Start of Block

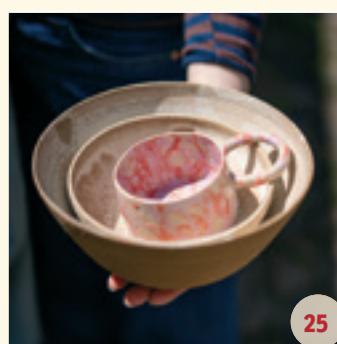

Karla Nietner + Diana Oana Ticsa
Keramik

info@karlakeramik.de
karlakeramik
dotkunst@gmail.com
DOT_ceramicwork

Karlakeramik/DOTceramicworks
Süderfischerstraße 20
Samstag/Sonntag 11-17

End of Block

▸ **Problem description**
All lines from the line containing "dotkunst@gmail.com" through the end of the listing above are to be duplicated exactly; include both ends and nothing further.

▸ **Written answer**
dotkunst@gmail.com
DOT_ceramicwork

Karlakeramik/DOTceramicworks
Süderfischerstraße 20
Samstag/Sonntag 11-17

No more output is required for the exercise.